At Garma, the Prime Minister said policy would be made with First Nations people, not for them. He spoke about partnership and shared decision-making. That promise now faces a simple test at the Treasurer's Economic Reform Roundtable in Canberra this week: who is invited to shape the recommendations, and what the record shows at day's end.
More than half of Australia is Native Title land, yet not one Traditional Owner organisation appears on the government's published invite lists. That is not a minor oversight. It is a serious missed opportunity that weakens this week's discussions before they begin.
The roundtable will not set policy. Its job is to develop advice on resilience, productivity, and the budget and tax system for ministers and departments to use in the months ahead. By design, it is about practical delivery across housing supply, clean energy and transmission, planning rules, and investment. Traditional Owner voices are relevant to each of these topics, not only to land access.
Start with the map. As at April 2025, Native Title determinations cover about 55 per cent of the continent. Most of that Country is in the regions where minerals are mined, water and energy assets are built, transmission lines and highways run, and where the next wave of renewable energy zones and rail lines would sit. Around half of Australia's critical minerals projects are on First Nations land. Decisions that ignore this reality do not speed things up; they create disputes, redesigns and delays.

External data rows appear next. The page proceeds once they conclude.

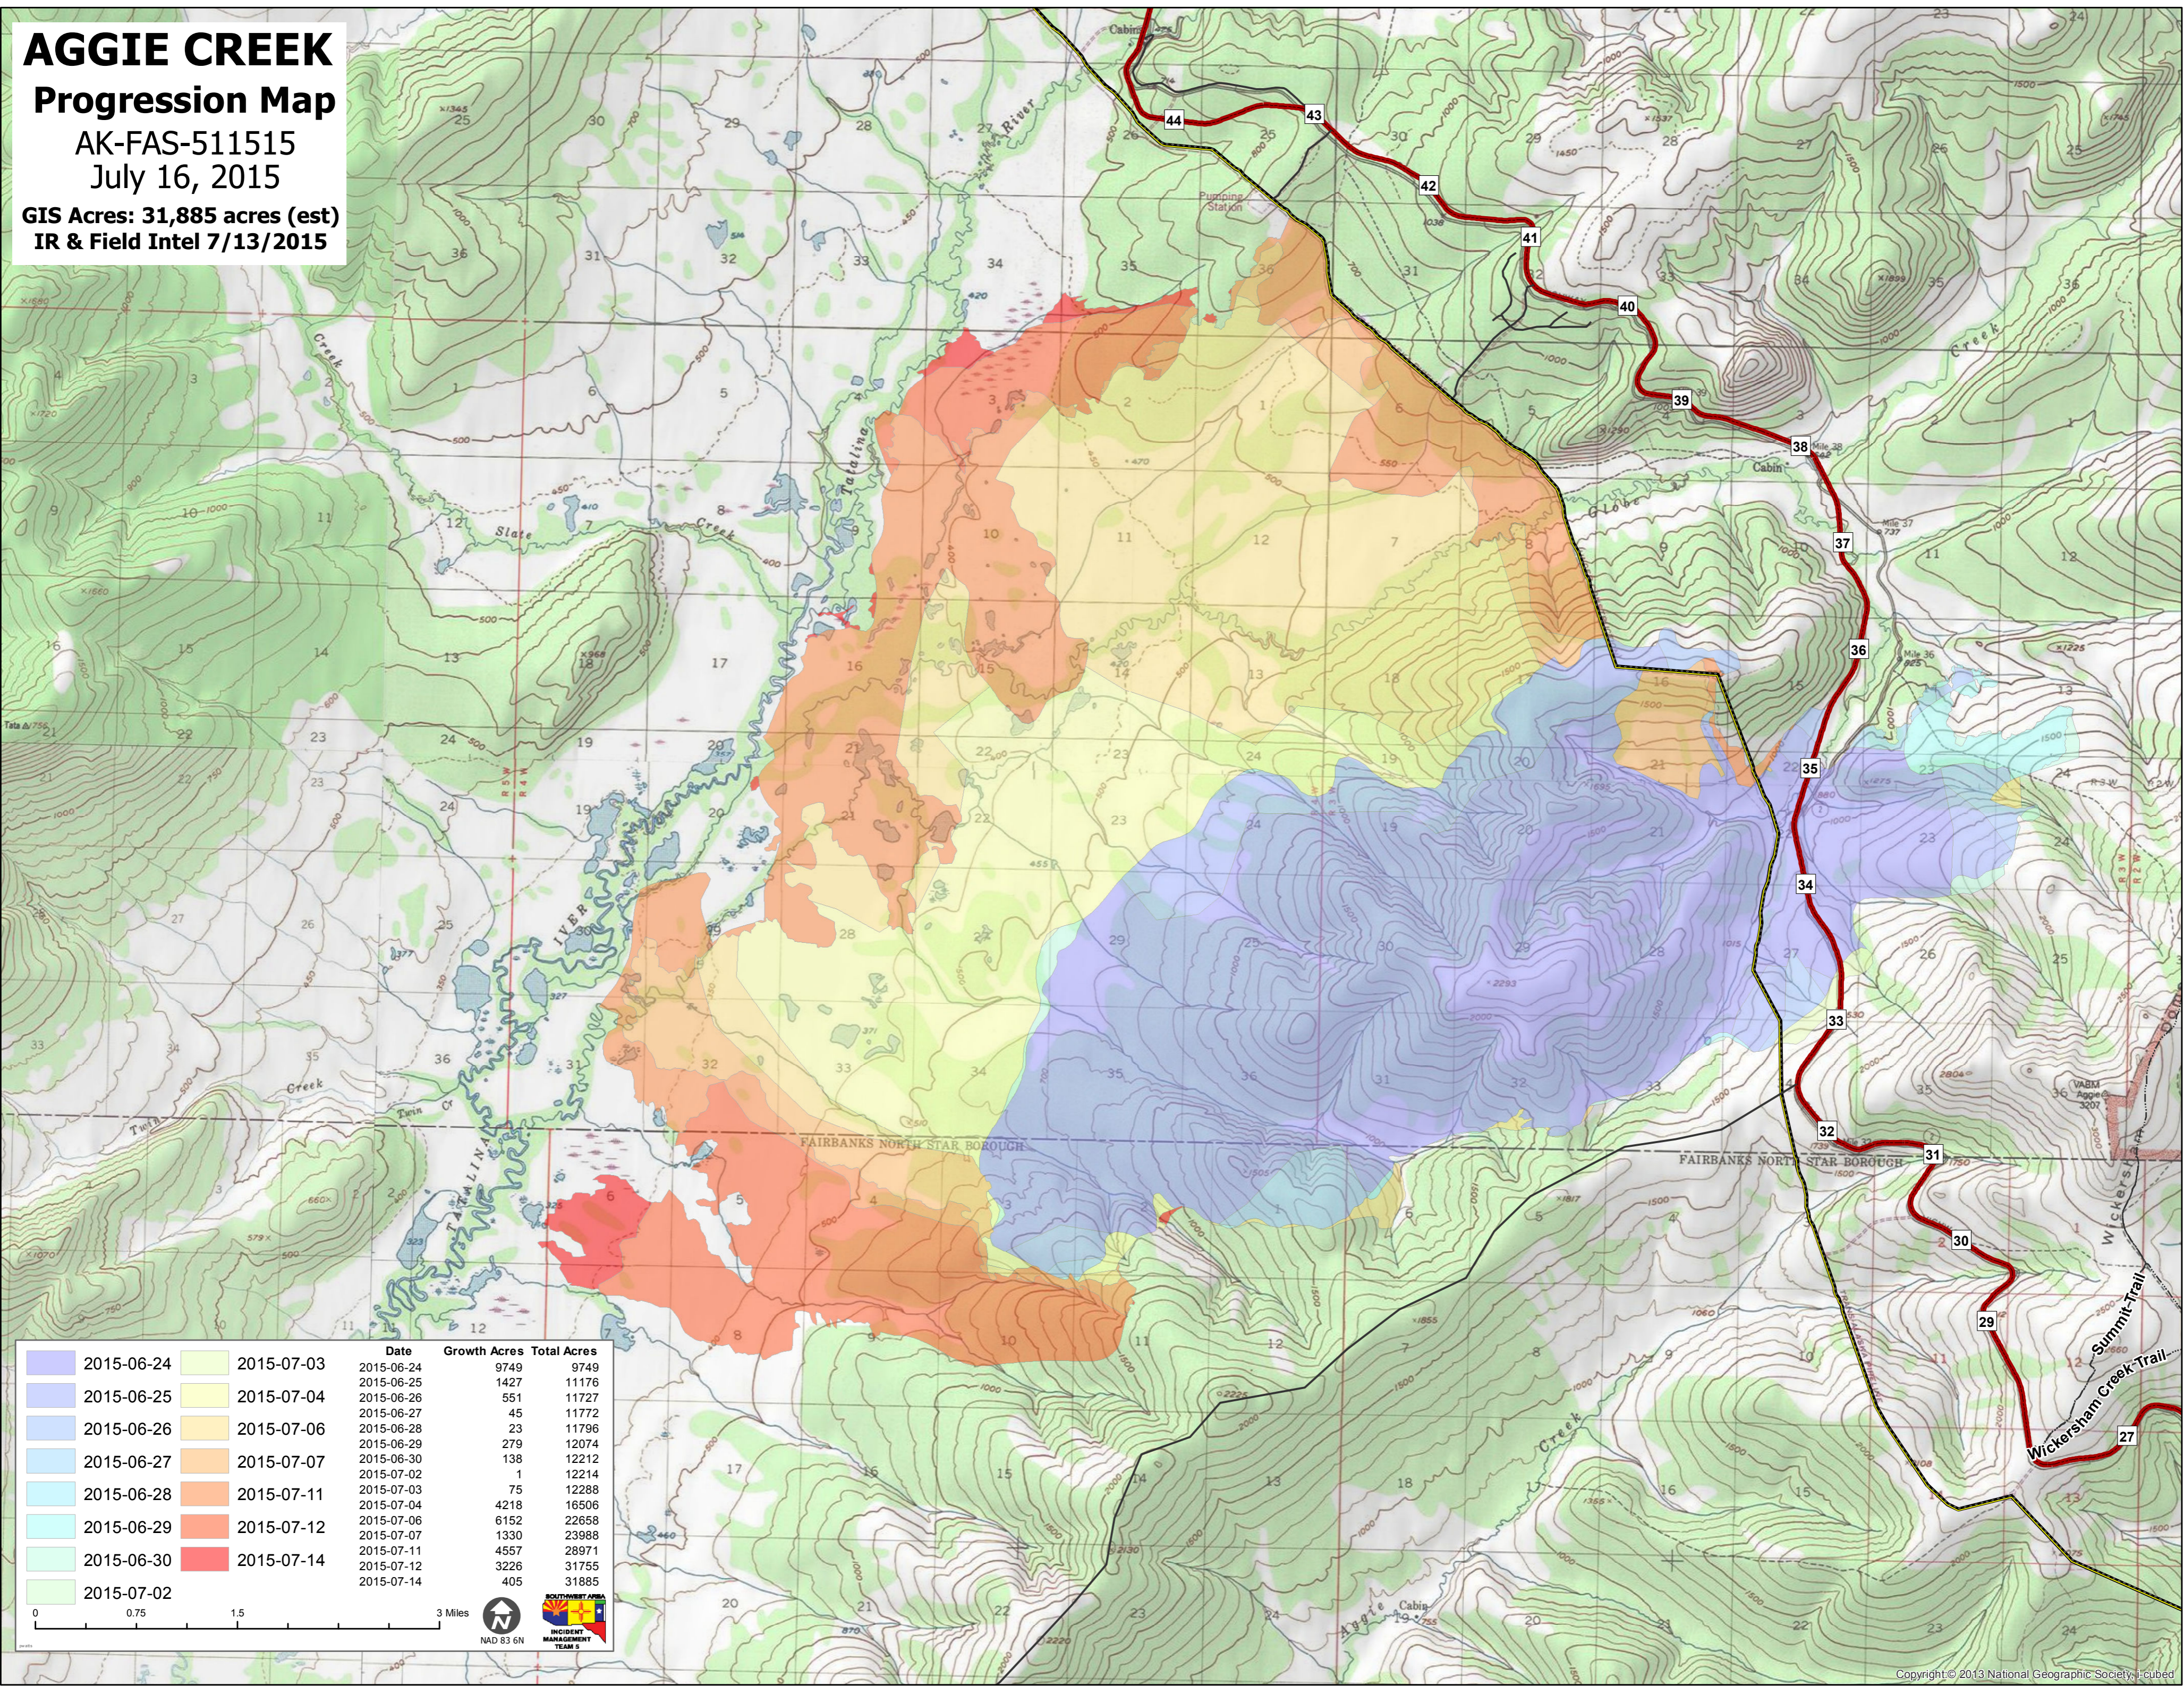

AGGIE CREEK

Progression Map

AK-FAS-511515

July 16, 2015

GIS Acres: 31,885 acres (est)

IR & Field Intel 7/13/2015

Date	Growth Acres	Total Acres
2015-06-24	9749	9749
2015-06-25	1427	11176
2015-06-26	551	11727
2015-06-27	45	11772
2015-06-28	23	11796
2015-06-29	279	12074
2015-06-30	138	12212
2015-07-02	1	12214
2015-07-03	75	12288
2015-07-04	4218	16506
2015-07-06	6152	22658
2015-07-07	1330	23988
2015-07-11	4557	28971
2015-07-12	3226	31755
2015-07-14	405	31885

0 0.75 1.5 3 Miles

NAD 83 6N
INCIDENT MANAGEMENT TEAM 5
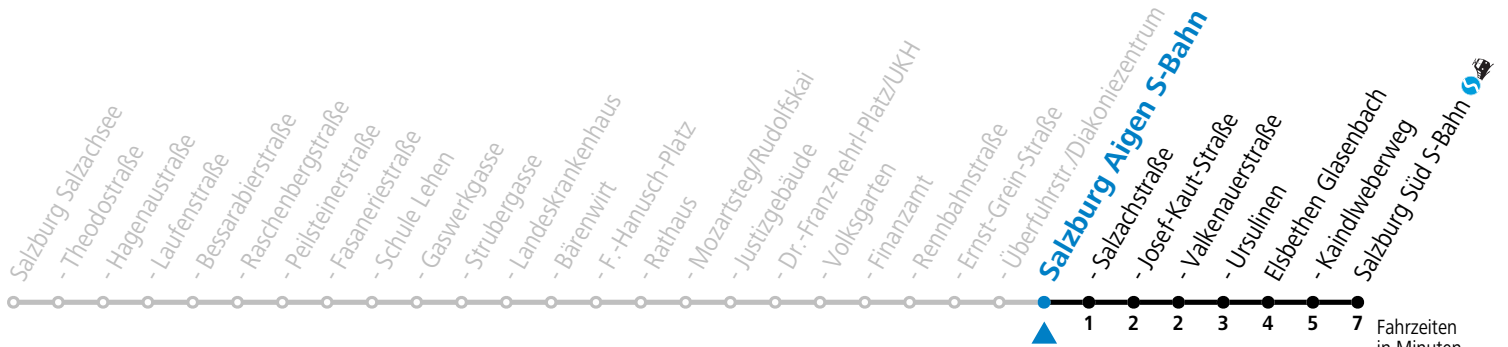

gültig von 7.7. bis 7.9.2024.

Montag bis Freitag, Sommerferien						Samstag				Sonn- und Feiertag				
6	05	25	35	51		6	04	25	45	6	17	47		
7	06	21	30	45		7	05	25	45	7	17	47		
8	00	08	15	30	45	8	05	25	45	8	17	47		
9	00	15	30	45		9	06	21	36	51	9	17	47	
10	00	15	30	45		10	06	21	36	51	10	25	45	
11	00	15	30	45		11	06	21	36	51	11	05	25	45
12	00	15	30	45		12	06	21	36	51	12	05	25	45
13	00	15	30	45		13	06	21	36	51	13	05	25	45
14	00	15	30	45		14	06	21	36	51	14	05	25	45
15	00	15	30	45		15	06	21	36	51	15	05	25	45
16	00	15	30	45		16	06	21	36	51	16	05	25	45
17	00	15	30	45		17	06	21	36	51	17	05	25	45
18	00	15	30	45		18	06	21	36	51	18	05	25	45
19	00	15	30	51		19	05	25	45	19	05	25	45	
20	05	25	45			20	05	25	45	20	05	25	45	
21	05	25	45			21	05	25	45	21	05	25	45	
22	05	25	45			22	05	25	45	22	05	25	45	
23	05	26	45			23	05	26^b		23	05	26	45	
0	05					0	01^b	36^b		0	05			
						1	11^b	46^a						

a = bis Elisabethen Kaindlweberweg b = verkehrt ab Kaindlweberweg weiter in Richtung Alpenstraße (Linie 3)

* **NACHTSTERN: Freitag, sowie vor Sonn-/Feiertag ab ca. 22:00 Uhr - Verkehr nach Samstag-Fahrplan**
Ferien im Bundesland Salzburg: 23.12.2023 bis 07.01.2024, 12. bis 18.02., 23.03. bis 01.04., 06.07. bis 08.09., 24.09. und 26.10. bis 02.11.2024 (Vorbehaltlich Änderungen durch die Schulbehörde)

Aufgabenträgerschaft: Stadt Salzburg, Betreiber: Salzburg Linien Verkehrsbetriebe GmbH, Bayerhamerstraße 16, 5020 Salzburg, Tel.: +43 (0)800 220050
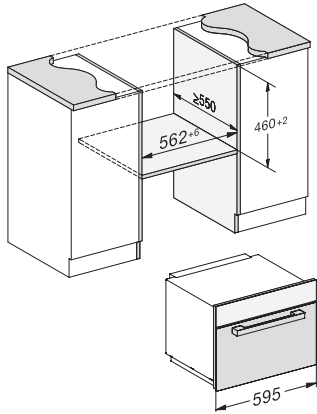

M 7240 TC

Beépíthető mikrohullámú sütő

tökéletesen kombinálható kivitelben, felső elhelyezésű kezeléssel.

M7140TC, M724x, installation drawings
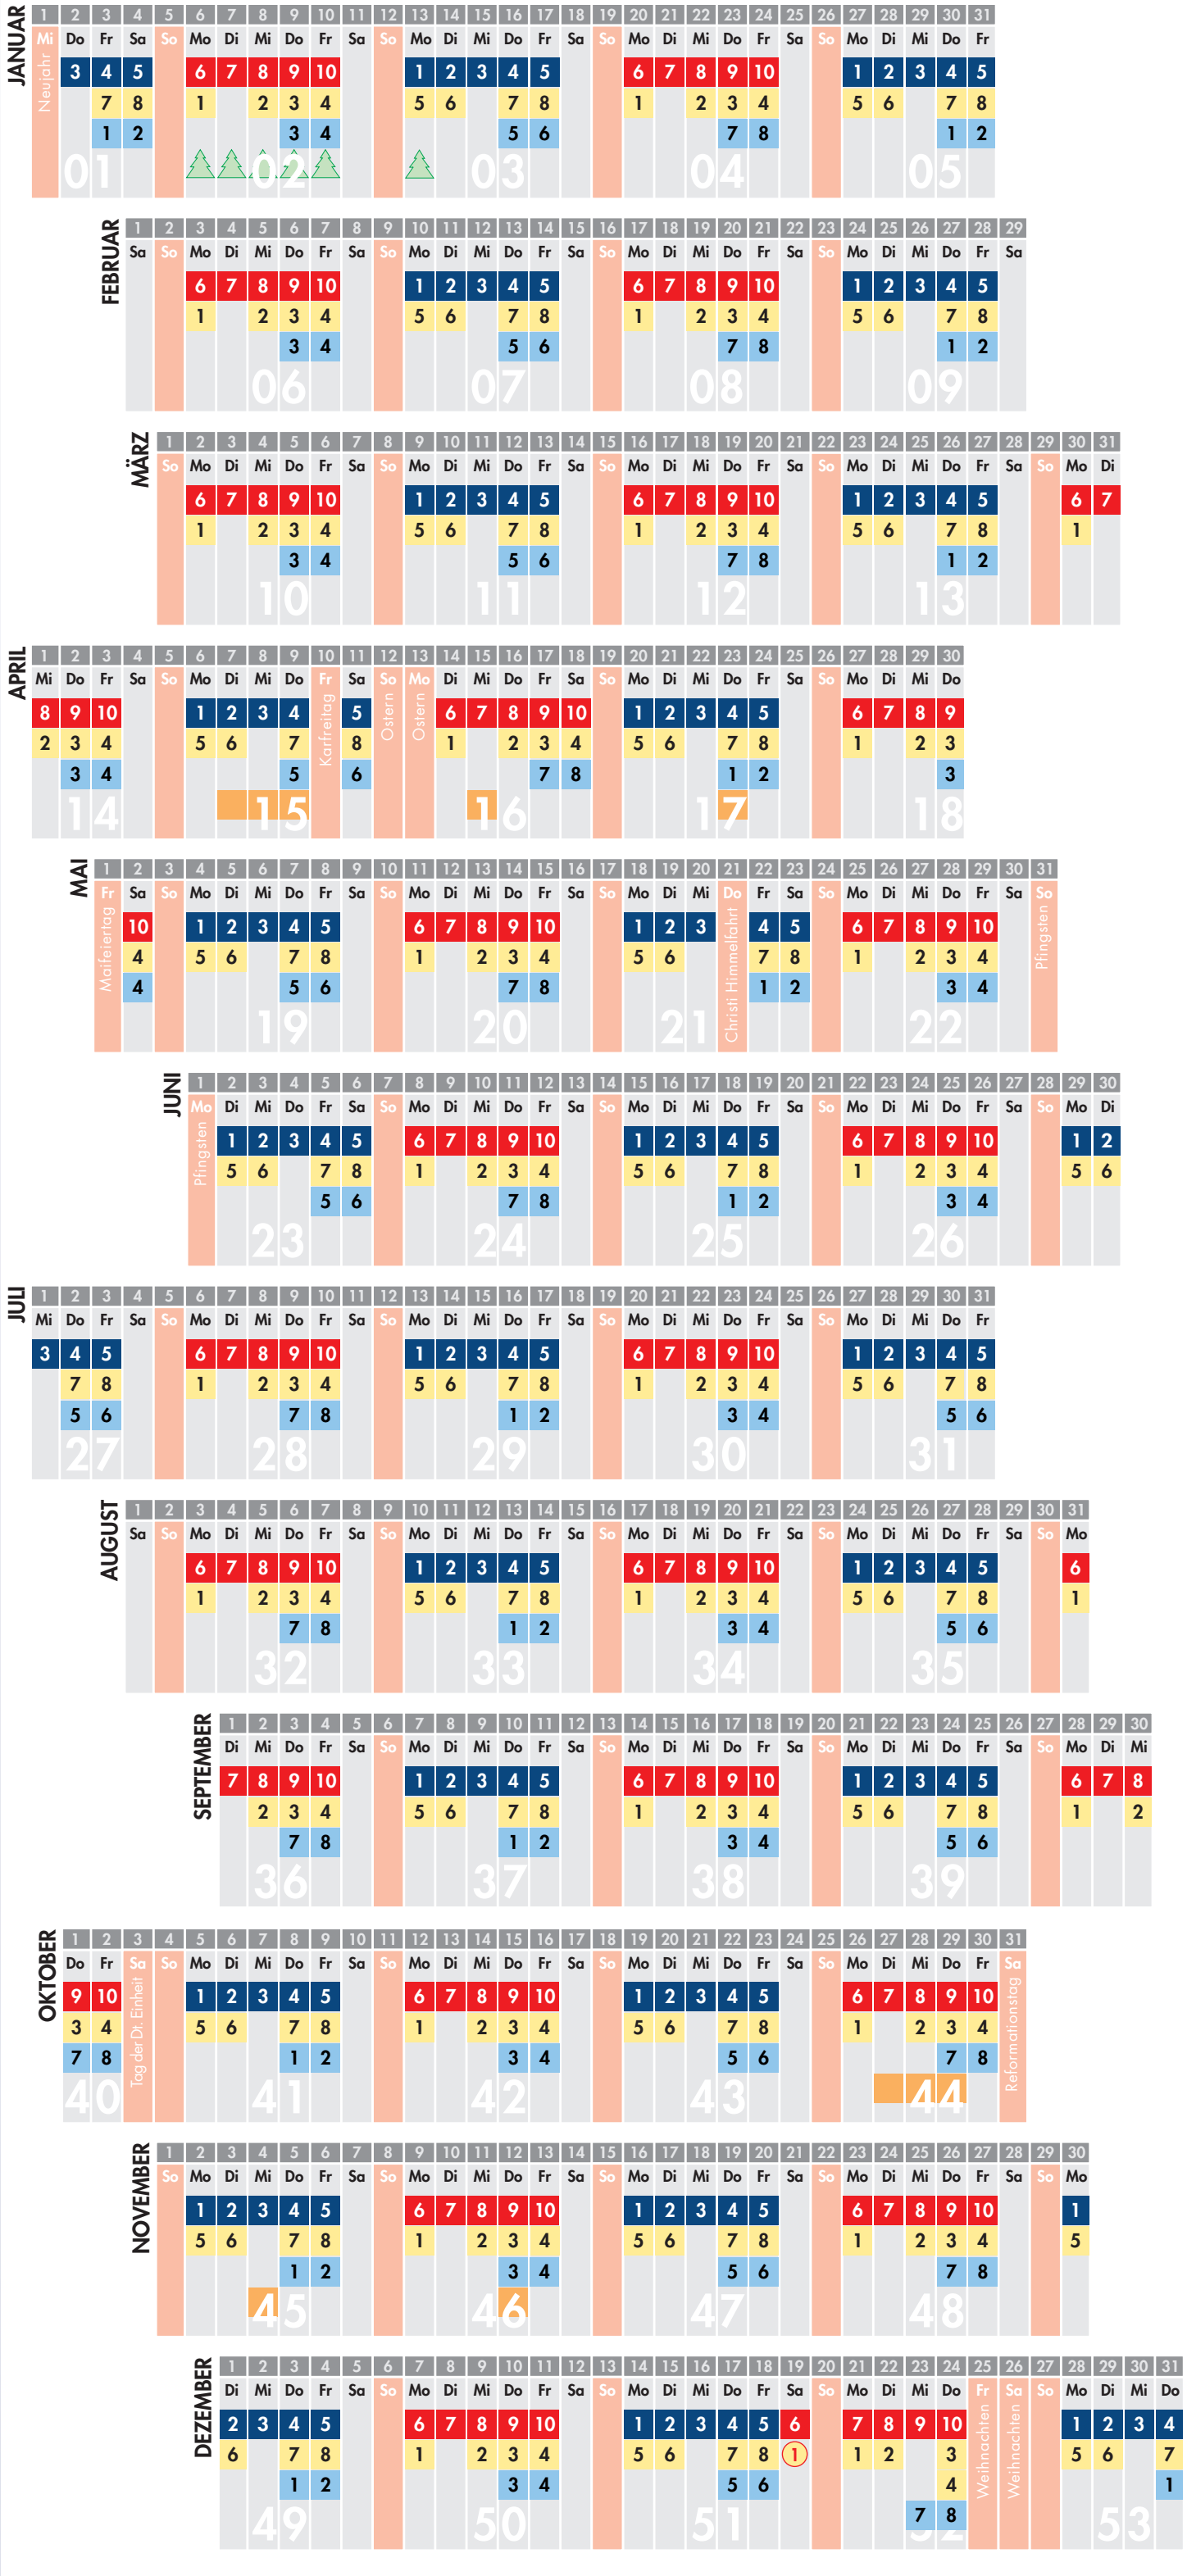

Abfallkalender 2020

für das Entsorgungsgebiet Anklam

KOMPOSTIERBARE ABFÄLLE Grünschnitt / Weihnachtsbäume

Zum 01.01.2017 ist die neue Abfallwirtschaftssatzung (AwS) in Kraft getreten:

- Die bisherige Grünschnittsammlung in Ihren Orten/Gemeinden im Frühjahr und Herbst entfällt.
- Sie haben die Möglichkeit Ihren Grünschnitt bei den Wertstoffhöfen bis zu einer Höchstmenge von 1 m³ pro Tag und Wertstoffhof gebührenfrei anzuliefern. Eine Aufstellung der Wertstoffhöfe mit Adresse und Öffnungszeiten finden Sie unten auf der Rückseite dieses Kalenders oder über unsere Internetseite www.vevg-karlsburg.de.
- Die Einsammlung der Weihnachtsbäume erfolgt in den Orten/Gemeinden zu festgelegten Terminen. Im Entsorgungsbereich Anklam findet die Weihnachtsbaumabfuhr im Zeitraum 06.01. - 13.01.2020 statt. Der genaue Tourenplan wird ab Anfang Dezember über den normalen Pressedienst und auf der Internetseite www.vevg-karlsburg.de veröffentlicht.
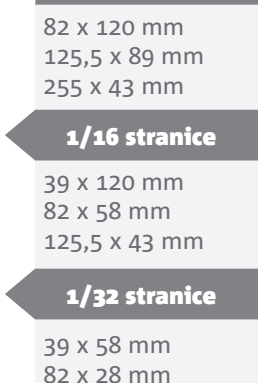

DIMENZIJE OGLASNOG PROSTORA

duplerica
530 x 367,5 mm

duplerica

530 x 367,5 mm

1/1 stranice

255 x 367,5 mm

1/2 stranice

168 x 275 mm

1/4 stranice

125,5 x 182 mm
168,5 x 136 mm
255 x 89 mm
82 x 275 mm

1/6 stranice

82 x 182 mm
168,5 x 89 mm
125,5 x 120 mm
255 x 58 mm

1/6 stranice
168,5 x 89 mm

1/6 stranice
82 x 182 mm

1/6 str
125,5 x 120 mm

1/6 str 255 x 58 mm

1/8 stranice
255 x 43 mm

1/16 stranice
82 x 58 mm

1/16 stranice
39 x 120 mm

1/16 stranice
125,5 x 43 mm

1/32 stranice
82 x 28 mm

1/32 stranice
39 x 58 mm

1/8 stranice

82 x 120 mm
125,5 x 89 mm
255 x 43 mm

1/16 stranice

39 x 120 mm
82 x 58 mm
125,5 x 43 mm

1/32 stranice

39 x 58 mm
82 x 28 mm

Naslovnica

1/16 stranice
125,5 x 43 mm

1/6 str 255 x 58 mm
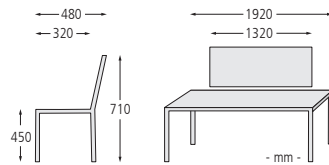

Befestigungsart: Bank- bzw. Tischfüße werden auf Bodenanker (480 x 280 mm) verschraubt, Befestigungsmaterial siehe Zubehör.

Anlieferung: Erfolgt vormontiert, im Bausatz.

Sitzbank ODERZO

Ausführung	ohne Rückenlehne		mit Rückenlehne	
Sitzbreite	1500	1800	1500	1800
Gewicht	48	53	69	77
Material Auflage	Kunststoff			
Befestigungsart	zum Aufdübeln			
Nr.	800 095 EA	800 097 EA	800 094 EA	800 096 EA
€				

Befestigungsart: Zum Aufdübeln bei +/- 0 mm, Befestigungsmaterial im Lieferumfang enthalten.

Anlieferung: Erfolgt zerlegt auf Palette, vormontiert.

Sitzbank TERLANO - geschwungen 30°

Ausführung	ohne Rückenlehne		
Sitzbreite mm	1920		
Material Auflage	Kunststoff		
Farbe Auflage	grau	schwarz	beige
Gewicht kg	61		
Befestigungsart	zum Aufdübeln		
Nr.	801 000 EA	801 008 EA	801 004 EA
€			

Sitzbank TERLANO mit Rückenlehne, Auflage in grau

Sitzbank TERLANO

Ausführung	mit Rückenlehne		
Sitzbreite mm	1920		
Material Auflage	Kunststoff		
Farbe Auflage	grau	schwarz	beige
Gewicht kg	74		
Befestigungsart	zum Aufdübeln		
Nr.	801 002 EA	801 010 EA	801 006 EA
€

Add the economics. Analysis prepared for ANZ with Deloitte indicates the First Nations economy could generate about $50 billion a year within a decade, built on recent average growth of 7.3 per cent in the five years to 2021 and new business formation at roughly four times the national rate. A national study finds Indigenous businesses already create $42.6 billion in social value each year, returning more than $3 of benefit for every $1 of revenue through better jobs, education, health and household wellbeing. There is much to learn from the commercial discipline and community wisdom of Indigenous businesses delivering at this scale.
Consider delivery. Approvals and water management decide whether regional projects start on time and hold together. Prescribed Bodies Corporate carry statutory responsibilities and local knowledge. Early involvement helps proponents avoid cultural places, design around known constraints and set timelines that can be met. Recognising First Nations interests in water in entitlements and local plans is essential for energy, mining and agriculture. Leaving water to the end pushes up risk and cost. These are operational facts.
This is why the absence matters. The roundtable's agenda ranges from global risks and competition to AI, skills, approvals and tax. Each of those areas intersects with Country in practical ways. Each benefits from the experience of organisations that negotiate agreements, build local workforces and run enterprises in the regions where projects actually happen. Excluding those organisations weakens the advice before it is written.
The Prime Minister set the standard at Garma. To meet it, inclusion must be visible this week in Canberra, in the room and in the public record. Traditional Owners and their representative bodies, who hold recognised rights over most of the land these recommendations will touch, should be heard directly and take part in the roundtable's discussions, not merely cited in submissions.
Australian taxpayers expect results that endure. Projects move faster, face fewer disputes and cost less when the people with legal rights over the land help shape them from the start. That strengthens regional economies, gives industry certainty and supports the national budget.
Much of Australia's future infrastructure — renewable zones, transmission lines, roads, rail and water projects — will be built on Native Title land. Put Traditional Owners at the centre of the conversation. Their voices should help shape the recommendations, and that involvement should be clear in the public record.
That is partnership in practice, and it is plain economic sense for the country.
Reece Harley, Managing Director, National Indigenous Times.